If pro athletes are doing these drugs, kids will, and we don’t want kids messing with this stuff.

I agree wholeheartedly. Research suggests that steroids are dangerous for developing bodies. We absolutely do not want young people taking steroids.
There are a lot of things that pro athletes do that we don’t want young people doing. Forget about actions like drinking and smoking and sex and reckless driving (all at once in some cases); I mean things like throwing curveballs and playing football and training for a sport fulltime. Is it hypocrisy to tell kids that some things are off-limits until they’re older? Ask the nearest parent. A criminal ban on providing steroids for performance enhancement to anyone under 21 would be wholly appropriate.
It is difficult to discuss steroids rationally, because they were banned so quickly and totally that scientific research became impossible. After fifty years of mostly illicit use, however, we know much more about them than we did when their cartoonish image was developed. An injection will not give you instant abilities; you still have to put in the work, and be exceptionally gifted to begin with. They will not necessarily cause freakish bulk; if that’s your aim, they will help you tolerate the effort it takes to get there, but you can use them and train without turning into a Macy’s Thanksgiving Day balloon. “They’ve been used in medicine since the 1930s,” Dr. Yesalis told Bell. “Can they be used safely? Yeah.”
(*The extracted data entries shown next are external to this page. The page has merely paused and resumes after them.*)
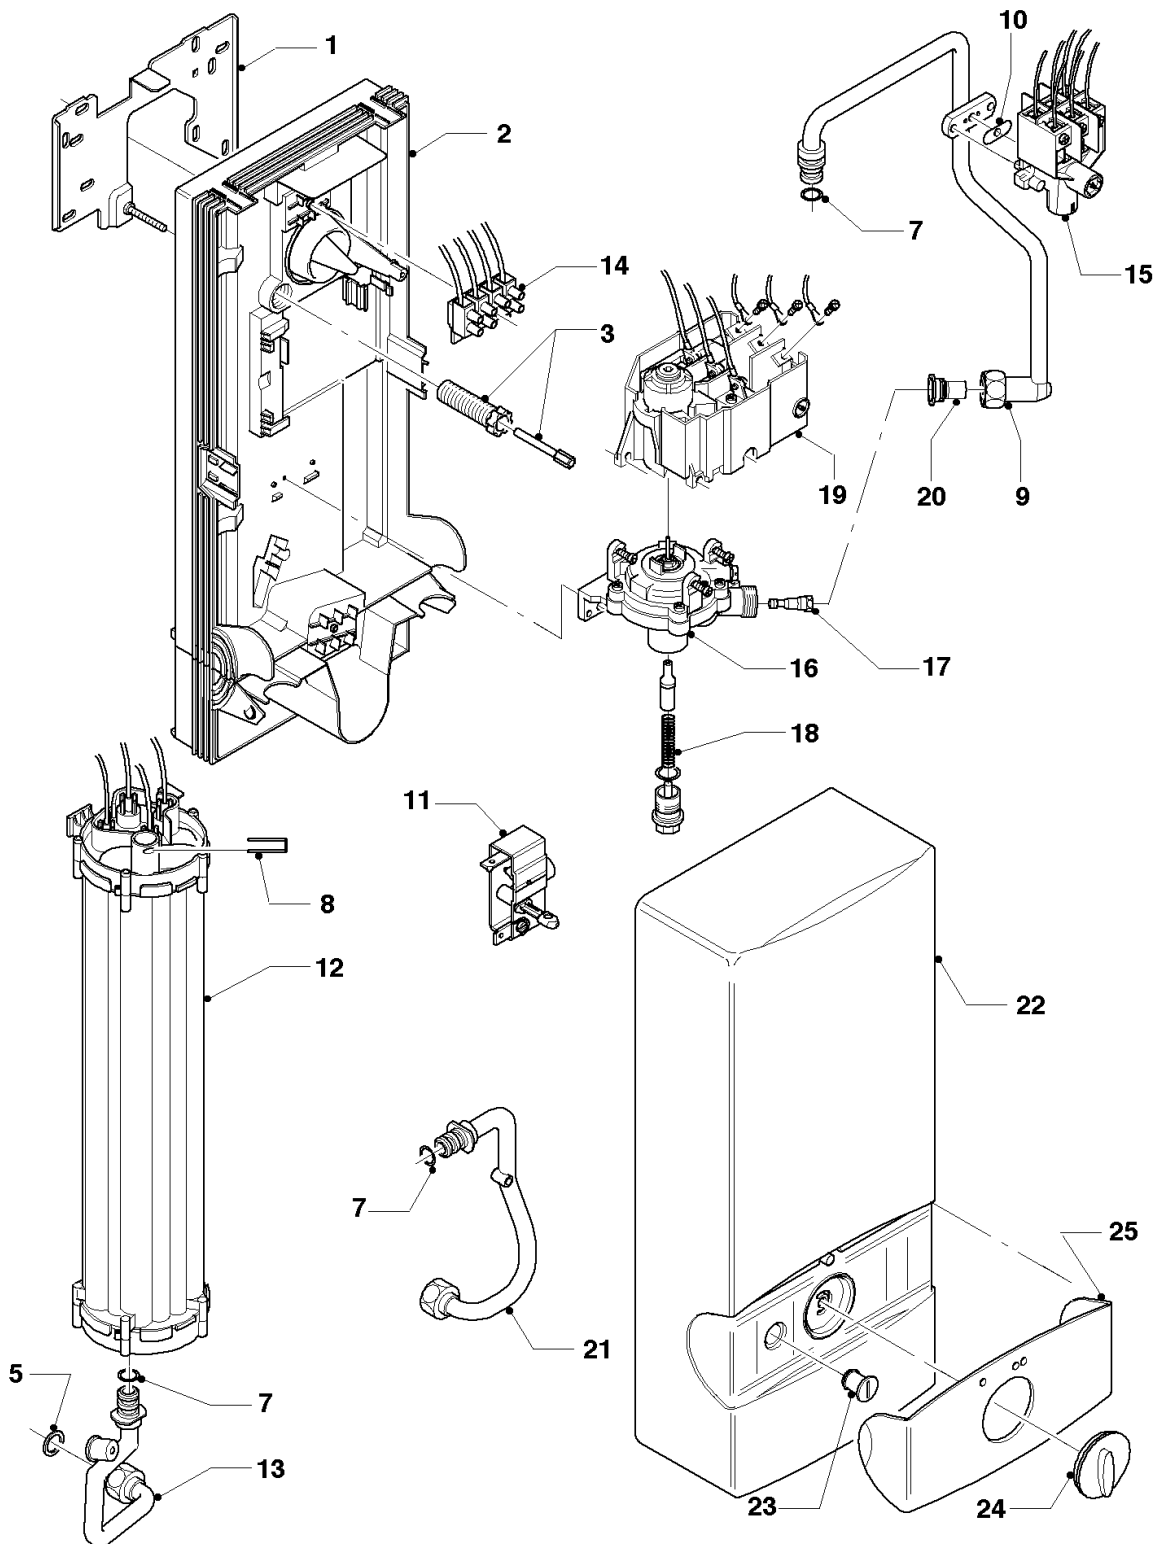

Elektro-Durchlauferhitzer VED

VED 21 H/6

50 - VED 12 H/6 bis 27 H/6

50 - 00 - 526

-> zum Ersatzteilkauf bei www.loebbeshop.de <-

Elektro-Durchlauferhitzer VED

VED 21 H/6

50 - VED 12 H/6 bis 27 H/6

Pos.	Teilenummer	Beschreibung	Hinweis, Bemerkung
00	981049	Dichtungssatz	nicht dargestellt, mit Pos. 05 und 07
00	097019	Anschluss, Kalt-/Warmwasser	nicht dargestellt, inkl. Dichtungen
01	073261	Montageblech	
02	105036	Rückwand	
03	091353	Befestigungssatz	
05	-	-	nicht einzeln lieferbar, siehe Dichtungssatz (981049)
07	-	-	nicht einzeln lieferbar, siehe Dichtungssatz (981049)
08	219614	Klemmfeder, (5 St.)	
09	083539	Rohr, Kaltwasser	mit Pos. 07 und 08
10	010374	Membrane, (10 St.)	
11	012415	Teillastschalter, inkl. Kabel	
12	061647	Heizkörper, 12 kW	VED 12H/6, mit Pos. 05, 07 und 08
12	061648	Heizkörper, 18 kW	VED 18H/6, mit Pos. 05, 07 und 08
12	061649	Heizkörper, 21 kW	VED 21H/6, mit Pos. 05, 07 und 08
12	061650	Heizkörper, 24 kW	VED 24H/6, mit Pos. 05, 07 und 08
12	061651	Heizkörper, 27 kW	VED 27H/6, mit Pos. 05, 07 und 08
13	0020059282	Rohr, Warmwasser	mit Pos. 05 und 07
14	251263	Klemmleiste, mit Kabel	
15	251869	Sicherheitsschalter	mit Pos. 10
16	011264	Wasserschalter	mit Pos. 17 und 18
17	010014	Venturidüse	VED 12H/6
17	010063	Venturidüse	VED 18H/6
17	012863	Venturidüse	VED 21H/6
17	010025	Venturidüse	VED 24H/6
17	012864	Venturidüse	VED 27H/6
18	012946	Wassermengenregler	
19	151051	Strömungsschalter	
20	014727	Ventil	
21	083532	Rohr, Kaltwasser	mit Pos. 07
22	067309	Mantel	
23	155620	Formschraube	
24	114287	Knopf, mit Achse	

-> zum Ersatzteilkauf bei www.loebbeshop.de <-

Elektro-Durchlauferhitzer VED

VED 21 H/6

50 - VED 12 H/6 bis 27 H/6

Pos.	Teilenummer	Beschreibung	Hinweis, Bemerkung
25	077963	Blende

Do I really think steroids are okey-dokey for pro athletes? Um… I’m not sure. But I think the issue is much muddier than the current hysteria makes it seem. In prior generations, amphetamines (“greenies”) were the drugs of choice; Mike Schmidt wrote in his book Clearing the Bases that they were “widely available in baseball clubhouses,” and there was testimony in the Pittsburgh drug trials of 1985 that Willie Mays kept liquid amphetamines in his locker. (Mays has denied the charge.) When performance is needed, enhancement will be tried.
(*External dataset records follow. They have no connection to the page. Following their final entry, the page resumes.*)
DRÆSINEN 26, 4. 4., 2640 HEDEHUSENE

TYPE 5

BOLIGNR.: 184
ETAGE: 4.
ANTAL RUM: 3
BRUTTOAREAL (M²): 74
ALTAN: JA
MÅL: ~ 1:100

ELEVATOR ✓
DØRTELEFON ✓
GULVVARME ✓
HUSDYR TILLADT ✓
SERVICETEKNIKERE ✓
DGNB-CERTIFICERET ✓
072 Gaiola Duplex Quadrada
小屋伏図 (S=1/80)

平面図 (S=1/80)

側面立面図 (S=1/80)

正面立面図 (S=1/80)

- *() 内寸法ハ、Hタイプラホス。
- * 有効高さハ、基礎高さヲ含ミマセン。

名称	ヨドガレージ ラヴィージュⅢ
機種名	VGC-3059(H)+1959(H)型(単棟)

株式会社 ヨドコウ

I suspect that future generations will look at the use of steroids in sports in much the same way we look at the medical use of leeches in bygone days. We understand what they were trying to do, but can you believe they used something so crude? As with any drug, it’s a matter of balancing effectiveness with risk – and that’s a question of tactics, not morals.
Jeff Neuman is a sportswriter and editor, and co-author of A Disorderly Compendium of Golf.